Her throat worked up and down. Her entire being vibrated with anguish. ‘Worse, after he died. Stupid fool that I was. I swallowed his lies whole, never questioned. He was away, fighting, most of the time.’

‘You never questioned or you didn’t want to question?’ he enquired.

She gave a sickly smile. ‘It made it easy to keep my illusions. I lived for his letters. They were so sweet and so full of promises.’

‘Were you in love with him?’ He held up his hand, appalled that the question had slipped out. ‘That was bad of me. I apologise. I have no right to ask.’

She turned her blue-green shimmering eyes to him. ‘Sometimes I wonder if I ever loved him or just the idea of him,’ she said in a deadly calm voice which contrasted with her earlier anguish. ‘When I found out about his perfidy, I discovered that I couldn’t tell anyone about the truth of the marriage.’

‘Why?’

‘I’ve my pride. I paid his debts and settled his other loose ends in the most expedient fashion. Then, Stephanie needed help and so I gave it, selfishly gaining a new start to my life where no one could pity me.’

‘And no one knows about it? Not even your sister?’

‘You know now.’ She wiped her eyes with fierce fingers. ‘I didn’t want you to have some mistaken idea about my marriage. Or how I might feel about my late husband.’

Kit’s heart leapt. Her marriage was far different from the one he’d imagined. He wasn’t competing against some perfect ghost, but rather she’d been damaged in some way because of her late husband’s heavy-handedness. It put the kiss they had shared in an entirely different perspective.

‘I’m sorry,’ he said. ‘I had no idea.’

She dipped her head. Her hands were folded in her lap. ‘You can’t lose something you never had.’

He watched her without saying anything, but he could see she was teetering on a knife’s edge. He doubted that she would have shared this information even a few hours ago. The fight had changed everything. He was very glad it had. The minor discomfort of a few bruises and pulled muscles was nothing compared to the relief of not competing against a ghost.

‘What would he have wanted for you?’

‘What he would have wanted is no concern of mine.’ She shook her head. ‘Stephanie keeps telling me that he’d have wanted me to marry. Charles Wilkinson was a dear friend of my brother-in-law’s. Every time she brings the subject of remarriage up, I become more determined to stay a widow.’

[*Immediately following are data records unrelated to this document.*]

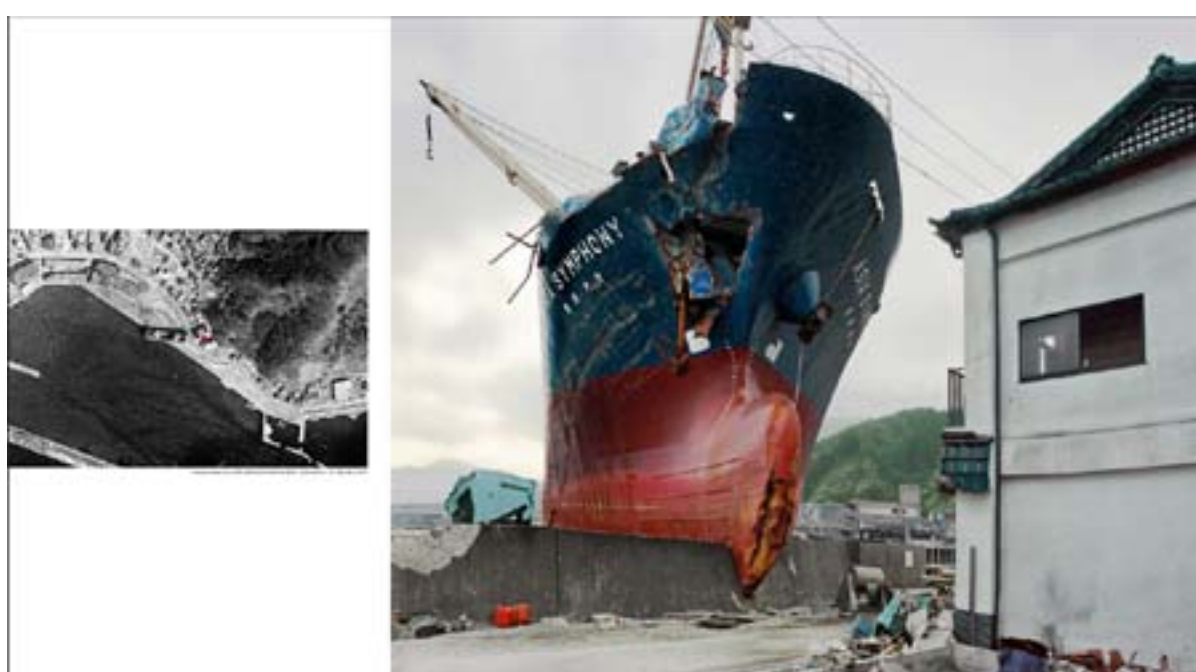

Philippe Chancel has the pleasure to inform you that *Fukushima : The Irresistible Power of Nature* has been shortlisted for Prix Pictet 2012 (<http://prixpictet.twkmedia.com/portfolios/power-shortlist/philippe-chancel/>). The selected images will be shown from **October 9th 2012** at the Saatchi Gallery in London. Also discover a few images of *Desert Spirit* at Valencia Institut of Modern Art within the framework of *Total City* exhibition (**May 3rd-July 8th 2012**), and at the Caixa Foundation in Barcelona for the *Towers and skyscrapers, from Babel to Dubai* exhibition (**June 20th-September 9th 2012**). Finally, do not miss *Workers Emirates* at Galerie Fait&Cause in Paris, shown until **July 28th 2012**.

Prix Pictet

Fukushima : The Irresistible Power of Nature

Fukushima : The Irresistible Power of Nature, 2011
©Philippe Chancel

Saatchi Gallery
Vernissage 9 octobre 2012

Duke of York's HQ King's Road
London SW3 4RY
admin@saatchigallery.com
www.saatchi-gallery.co.uk

‘You are allowing him to define you.’

‘I beg your pardon.’ Her nostrils quivered like she was a wild deer, catching the scent of a hunter.

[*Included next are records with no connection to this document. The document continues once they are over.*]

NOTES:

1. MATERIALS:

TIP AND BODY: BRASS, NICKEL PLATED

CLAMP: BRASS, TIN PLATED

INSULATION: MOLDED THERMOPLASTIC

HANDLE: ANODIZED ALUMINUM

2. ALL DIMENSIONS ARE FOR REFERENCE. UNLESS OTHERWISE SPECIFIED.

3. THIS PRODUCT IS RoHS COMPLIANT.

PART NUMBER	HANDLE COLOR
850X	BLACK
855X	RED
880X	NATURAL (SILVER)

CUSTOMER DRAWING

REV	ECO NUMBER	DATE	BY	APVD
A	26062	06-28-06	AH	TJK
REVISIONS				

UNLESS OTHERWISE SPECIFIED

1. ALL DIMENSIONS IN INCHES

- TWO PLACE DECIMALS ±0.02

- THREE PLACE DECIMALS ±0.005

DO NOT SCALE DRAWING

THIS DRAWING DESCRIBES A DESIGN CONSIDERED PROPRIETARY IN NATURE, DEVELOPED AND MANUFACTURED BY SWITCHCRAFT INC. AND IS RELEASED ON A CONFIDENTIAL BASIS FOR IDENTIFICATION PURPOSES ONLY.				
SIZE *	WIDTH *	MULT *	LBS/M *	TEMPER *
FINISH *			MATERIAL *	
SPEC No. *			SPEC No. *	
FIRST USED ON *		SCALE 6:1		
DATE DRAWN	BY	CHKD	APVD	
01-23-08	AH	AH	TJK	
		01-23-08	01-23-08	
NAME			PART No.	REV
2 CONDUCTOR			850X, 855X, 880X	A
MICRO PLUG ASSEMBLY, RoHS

‘You devoted your life to making Charles Wilkinson seem respectable. Why on earth did you do that?’ Kit asked, keeping his voice soft and steady. He wanted to release her from the prison she’d encased herself in. Misplaced guilt. She had sealed herself off from love and desire. She denied her passionate nature. ‘Where has that led you? Are you any happier for it?’

‘Since when did my happiness become any of your concern?’

‘Since I decided to fight for you. What happened, happened, Hattie. You can’t change it, but you can stop allowing your life to be defined by it. It is not good to live in fear. You are a passionate woman. Why must you shut yourself off from life?’

‘I will accept that you have no idea what you are saying due to the laudanum.’

Before Kit could protest she stood up and walked out of the room. Kit clenched his fist and slammed it down on the bedclothes. Since when did he break his rules about non-interference? It was better to allow her to go. Her life was nothing to do with him. She should be able to lead the sort of life she wanted, even if it was limited.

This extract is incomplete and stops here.